Commençons par la littérature, puisque
c’est par elle, ou plus exactement à cause d’elle, qu’Éric Rohmer,
professeur de lettres et rédacteur en chef des Cahiers du cinéma,
est devenu cinéaste.
L’idée de ces Contes, écrit
Éric Rohmer dans l’avant-propos du recueil de nouvelles intitulé
Six contes moraux, qui vient également d’être réédité3,
m’est venue à un âge où je ne savais pas encore si je serais
cinéaste. Si j’en ai fait des films, c’est parce que je n’ai pas réussi
à les écrire. Et si, d’une certaine façon, il est vrai
que je les ai écrits – sous la forme même où on va les lire
–, c’est uniquement pour pouvoir les filmer [...]. Ils ont eu, dès le
premier jet, une apparence résolument littéraire. Eux-mêmes
et ce qu’ils véhiculaient – personnages, situations, paroles – avaient
besoin d’affirmer leur antériorité à la mise en scène,
bien qu’elle seule possédât la vertu de les faire être pleinement.

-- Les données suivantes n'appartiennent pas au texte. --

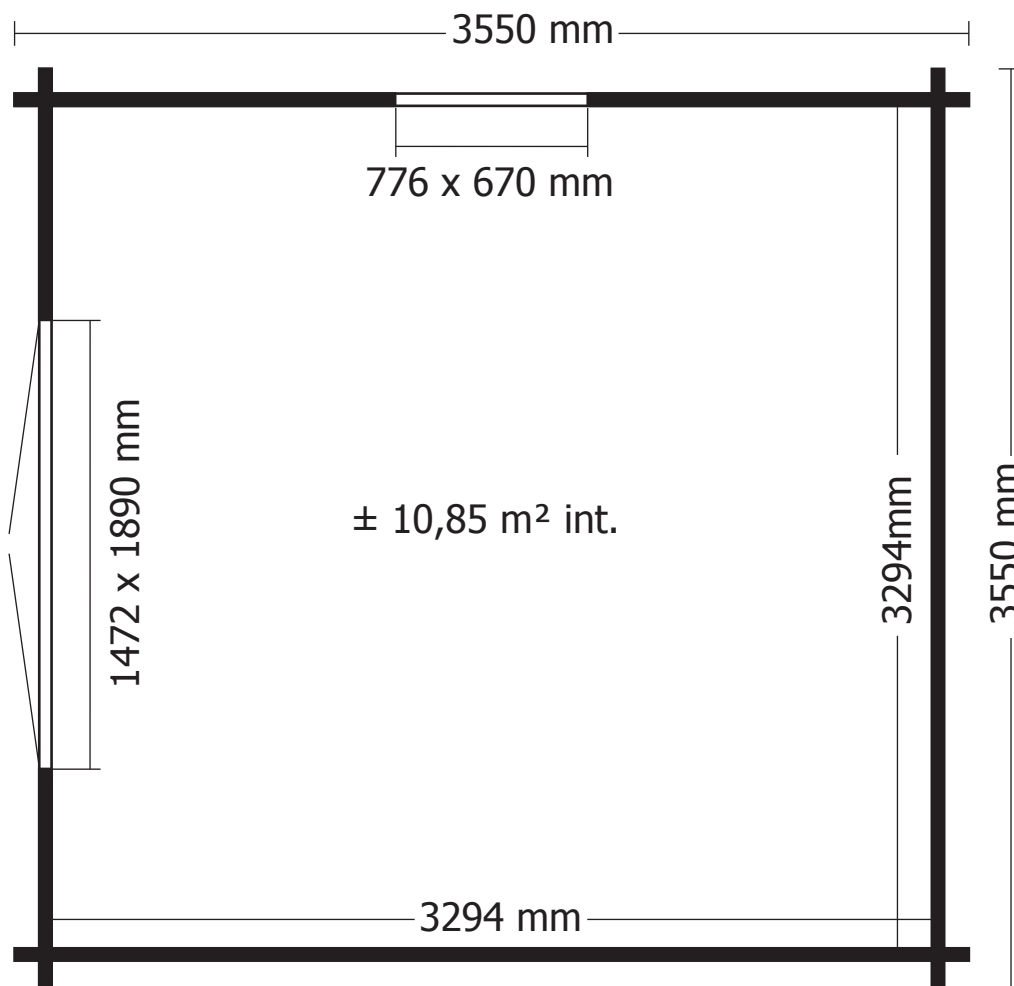

OPGELET : Behandel **ELK** onderdeel grondig aan alle zijden met een degelijk product dat beschermt tegen zon, weer en wind en tegen insecten en schimmels, **VOOR** de montage.

ATTENTION : Traitez à fond **CHAQUE** élément avec un produit protègent contre les intempéries, les insectes et les moisissures intérieur et extérieur, **AVANT** le montage .

C’est cette foi en la toute-puissance de la mise
en scène (foi partagée par toute la Nouvelle Vague et dont ce
fut, en quelque sorte, le manifeste) qui métamorphose l’écrivain
en cinéaste.
La littérature fait partie moins de la
forme que du contenu. Mon intention n’était pas de filmer des événements
bruts, mais le récit que quelqu’un faisait d’eux4.
D’où la voix off qui commente, à
la première personne, tous les Contes moraux (sauf Le genou
de Claire). Notre plaisir – un peu trouble – naît de l’écart
que nous guettons entre ce que nous voyons et l’interprétation qu’en
donne le narrateur. Les personnages sont piégés entre les images
apparemment objectives – qu’on peut donc interpréter de bien des manières
– et un texte littéraire superbe, mais si subjectif que l’on peut douter
de son exactitude. Dans Le genou de Claire, pas de voix off. Mais le
résultat est le même : Jérôme (Jean-Claude Brialy)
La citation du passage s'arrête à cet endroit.